PILLAR RESOURCE SERVICES INC v PRIMEWEST ENERGY INC, 2017 ABCA 141

McDonald, Bielby and Wakeling JJA

4.29: Costs consequences of formal offer to settle
10.29: General rule for payment of litigation costs
14.59: Formal offers to settle
14.88: Cost awards

Case Summary

The Defendant and Appellant to an Appeal (“PrimeWest”), applied to settle Costs following its unsuccessful Appeal. PrimeWest’s Appeal was related to Trial Costs which were awarded to the Plaintiff/Respondent (“Pillar”) on a full indemnity basis.

The Court of Appeal noted that Rule 14.88(3) creates a rebuttable presumption that Costs of an Appeal are awarded on the same basis as the Judgment appealed from. The Court noted that the parties had cited conflicting authority on whether full indemnity Costs should follow an Appeal where there was no misconduct of the unsuccessful party on the Appeal, but there had been misconduct meriting such Costs in the Decision appealed from. The Court observed that where the Appellant’s conduct was of a sufficiently egregious nature at Trial (for example where the party is held in Contempt of Court), full indemnity Costs should also follow on Appeal. However, the Court held that PrimeWest’s conduct at Trial did not meet the standard of being held in Contempt, and, referring to leading prior authority, ruled that this was a case where the schedule of Costs on the Appeal should be varied from the Costs awarded at Trial.

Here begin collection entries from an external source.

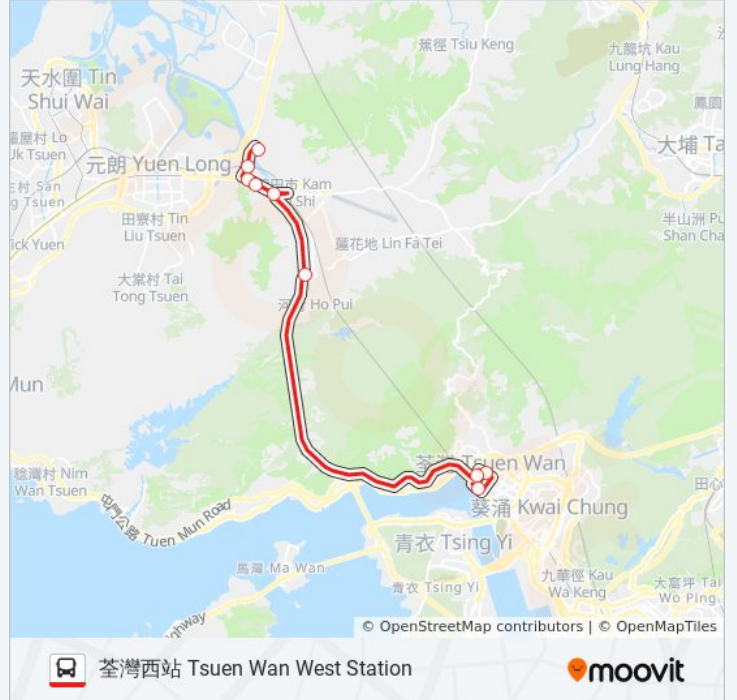

你可以在moovitapp.com下載巴士268M的PDF服務時間表和線路圖。使用 [Moovit 應用程式](#) 查詢香港的巴士到站時間、列車時刻表以及公共交通出行指南。

[關於Moovit](#) · [MaaS解決方案](#) · [城市列表](#) · [Moovit社群](#)

© 2023 Moovit - 版權所有

查看實時到站時間
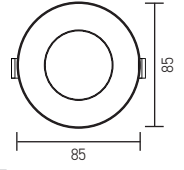

15,00 USD

Boyutlar/Dimensions:
74 mm x 74 mm x 110 mm

☞ X 30

Özel uzunluk için lütfen teklif isteyiniz./ For special length, please ask for a quote.

AH03-08221 ● Siyah/Black
● Gold **2,25 USD**

Boyutlar/Dimensions:
ø 85 mm
Kesim Ölç./Cutting Size:
ø 67 mm
X 100
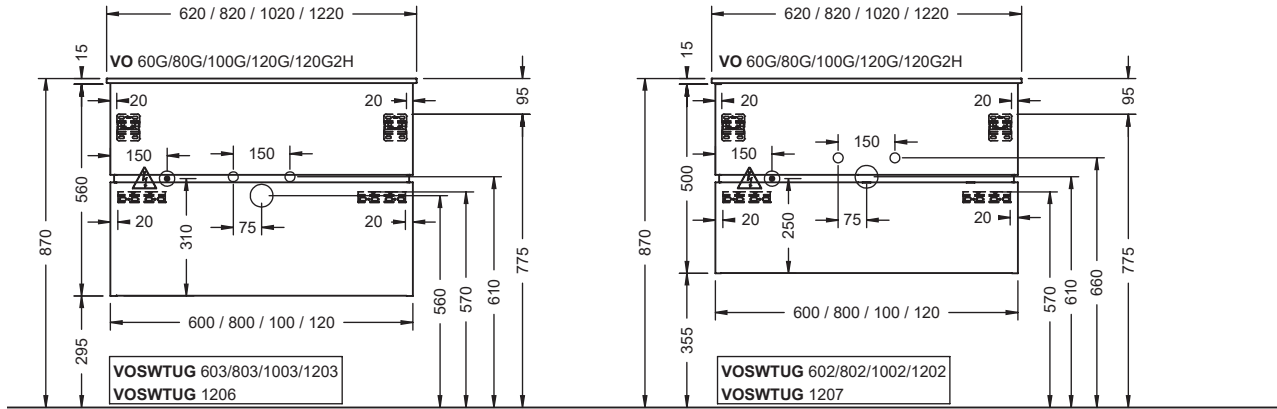

vogue shine Montage Glas-Waschtische / Waschtischunterschränke

Modell 1206 Leitungen siehe VOWTUG1206

Modell 1207 Leitungen siehe VOWTUG1207
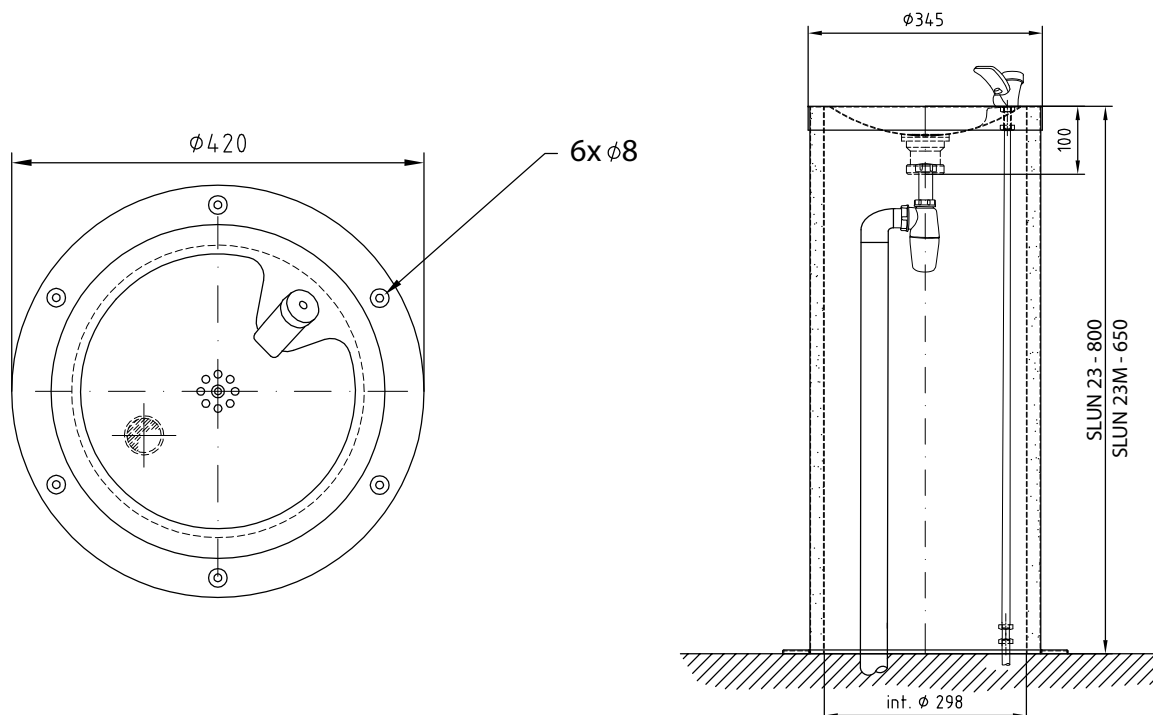

3

Servis

Všetkeré nerezové díly je možné čistit pouze vodou, mýdlem a měkkým hadrem. V žádném případě není možné použít agresivní a abrazivní čisticí prostředky.

Doporučujeme použít k čištění výrobek SUMA INOX z nabídky Sanela.

Po vybalení výrobku je nutné s obalem postupovat podle zákona o obalech.

Výrobce ujišťuje, že na výrobek je vydáno prohlášení o shodě v souladu se zákonem č. 22/1997 Sb.

Servis

Všetky nerezové diely je možné čistiť iba vodou, mydlom a jemnou handričkou. V žiadnom prípade nie je možné použiť agresívne a abrazívne čistiacie prostriedky.

Doporučujeme použiť k čisteniu výrobok SUMA INOX z ponuky Sanela.

Po vybalení výrobku je potrebné s obalom postupovať podľa zákona o obaloch.

Výrobca garantuje, že na výrobok je vydávané prehlásenie o shode v súlade so zákonom č. 22/1997 Sb.

Serwis

Do czyszczenia widocznych części chromowanych oraz ze stali nierdzewnej używać miękkich materiałów oraz wody z mydłem lub delikatnych środków myjących. Nie stosować środków agresywnych.

Zaleca się używanie środka czyszczącego o nazwie SUMA INOX z oferty Saneli.

Service

All stainless steel components could be cleaned only by water soap and soft rag.

It is strictly forbidden to use aggressive and abrasive cleansers!

We recommend to use for cleaning the product SUMA INOX from SANELA assortment.

It is necessary to move on with cover (after unpacking of the product) in accordance with the law about covers.

Сервис

Все нержавеющей части можно чистить только водой, мылом и мягкой тряпкой.

Ни в коем случае нельзя применять агрессивные и абразивные чистящие средства.

Мы предлагаем использовать для очистки изделие SUMA INOX из ассортимента компании SANELA.

После распаковки надо поступать с упаковкой по закону о упаковках.

Servisas

Valymui naudoti tik vandenį, muilą ir minkštą medžiagą.

Jokiu būdu negalima naudoti abrazyvinių medžiagų turinčių priemonių.

Mes siūlome gaminių valymui naudoti SUMA INOX iš kompanijos SANELA asortimento.
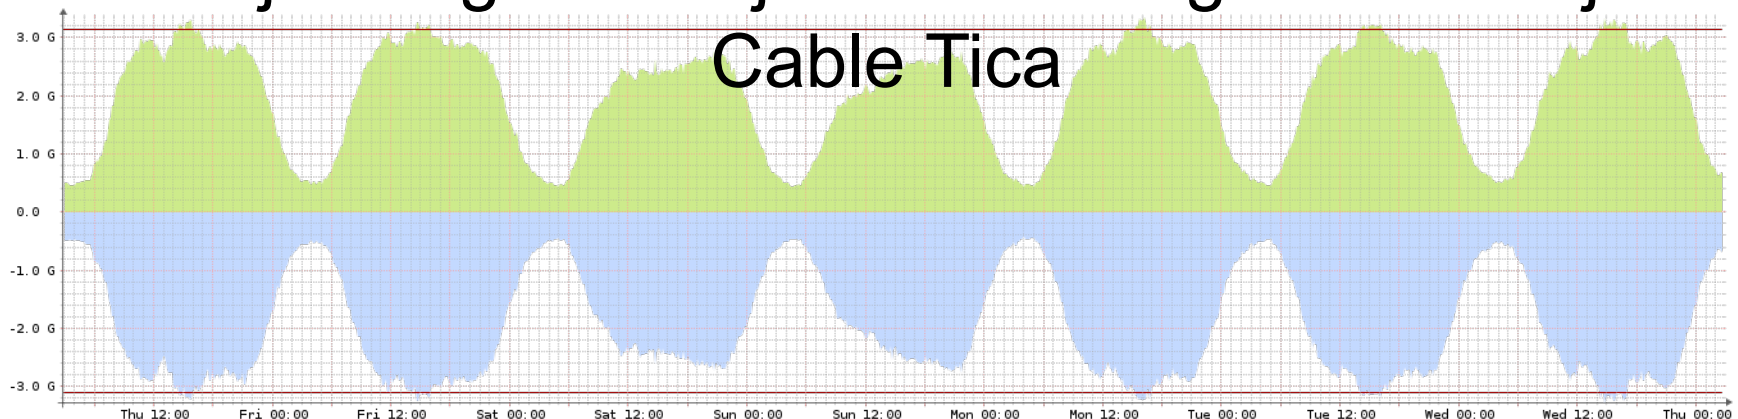

cr!X

Nace el 29 de abril del 2014

- Acuerdo de Conexión entre NIC.cr, Tigo y Claro
- Interés Público - Gobierno de la Republica

Ubicado en el NIC.cr. Centro de la ciudad Capital San José

Primeras conexiones

3 de jun. Tigo - 4 jul. Rack Lodge - 9 de jul.

Cable Tica
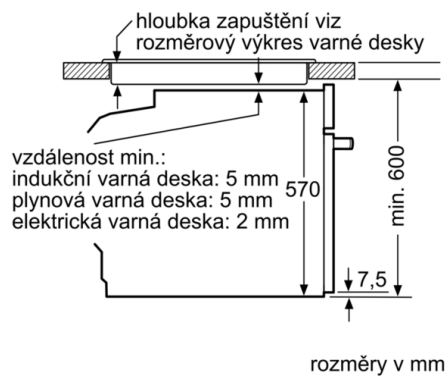

#### Technické informace

- délka síťového kabelu: 120 cm
- napětí: 220 - 240 V
- celkový příkon elektro: 3.6 kW
- energetická třída (dle EU 65/2014): A  
spotřeba energie na cyklus při konvenčním ohřevu:0.99 kWh (na stupnici třídy energetické účinnosti od A+++ do D)  
spotřeba energie na cyklus v režimu recirkulace:0.81 kWh  
počet pečicích prostorů: 1 zdroj tepla: elektrina objem pečicího prostoru:71 l

#### Rozměry

- rozměry spotřebiče (V x Š x H): 595 mm x 594 mm x 548 mm
- rozměry niky (V x Š x H): 585 mm - 595 mm x 560 mm - 568 mm x 550 mm
- „potřebné rozměry naleznete v instalačních materiálech“
- Doporučujeme vám vybrat si doplňkové produkty v rámci řady SER6, aby byla zaručena optimální designová kombinace všech vestavěných spotřebičů.

**Serie | 6, Vestavná pečicí trouba, 60 x 60 cm,  
nerez  
HBG5780S0**

vestavba s varnou deskou

Rozměry v mm

**A:** 19,5 mm  
**B:** Prostor pro připojení spotřebiče 320 × 115 mm
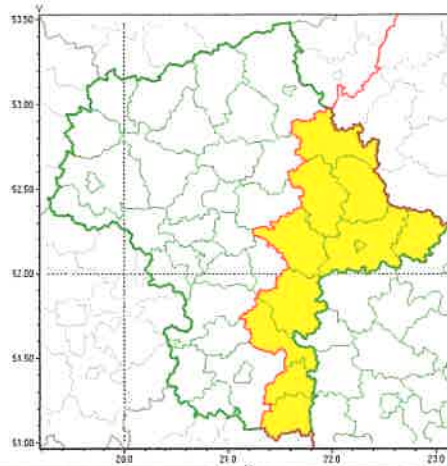

Zasięg ostrzeżeń w województwie

Burze z gradem
2020-06-09 07:05

P. R. Lesprowicz
09.06.2020
Step

WOJEWÓDZTWO MAZOWIECKIE
OSTRZEŻENIA METEOROLOGICZNE ZBIORCZO NR 68
WYKAZ OBOWIĄZUJĄCYCH OSTRZEŻEŃ
o godz. 07:05 dnia 09.06.2020

Zjawisko/Stopień zagrożenia	Burze z gradem/1
Obszar (w nawiasie numer ostrzeżenia dla powiatu)	powiaty: garwoliński(48), kozienicki(48), lipski(43), łosicki(46), miński(44), ostrowski(44), Siedlce(46), siedlecki(46), sokołowski(45), węgrowski(45), zwoleński(44)
Ważność	od godz. 12:00 dnia 09.06.2020 do godz. 23:00 dnia 09.06.2020
Prawdopodobieństwo	80%
Przebieg	Prognozuje się wystąpienie burz z opadami deszczu miejscami od 20 mm do 30 mm oraz porywami wiatru do 70 km/h. Lokalnie możliwy grad.
SMS	IMGW-PIB OSTRZEGA: BURZE Z GRADEM/1 mazowieckie (11 powiatów) od 12:00/09.06 do 23:00/09.06.2020 deszcz 30 mm, porywy 70 km/h, lokalnie grad. Dotyczy powiatów: garwoliński, kozienicki, lipski, łosicki, miński, ostrowski, Siedlce, siedlecki, sokołowski, węgrowski i zwoleński.
RSO	Woj. mazowieckie (11 powiatów), IMGW-PIB wydał ostrzeżenie pierwszego stopnia o burzach z gradem
Uwagi	Brak.
Dyżurny synoptyk IMGW-PIB	Michał Pilecki

The Court then noted that Pillar had served a Formal Offer, which was bettered in the result. The Court of Appeal noted that Rule 4.29 applies to Appeals through the operation of Rule 14.59(4), and that all steps subsequent to the service of the Formal Offer were therefore doubled.

Finally, PrimeWest argued that it had been successful on two interlocutory Applications within the Appeal and should therefore be entitled to a setoff for Costs of those Applications. With respect to the Application for permission to Appeal, the Court ruled that no setoff was appropriate; if it were otherwise, every unsuccessful Appellant would get Costs of their leave Application no matter how unlikely the Appeal. Further, without the successful leave Application, there would have been no Appeal, and thus no Costs. With respect to PrimeWest’s Application relating to permissible evidence in the Appeal, the Court noted that Costs were reserved at the time of the Application to be determined by the Appeal Panel on the full Appeal. The Court interpreted the direction as Costs to be awarded in the cause: since PrimeWest ultimately lost on Appeal, it should not be awarded the Costs for the Application relating to permissible evidence on Appeal.

The Court of Appeal ruled that PrimeWest was to pay Pillar Costs of the Appeal, pursuant to Schedule C, to be doubled for all steps taken following the Formal Offer made by Pillar.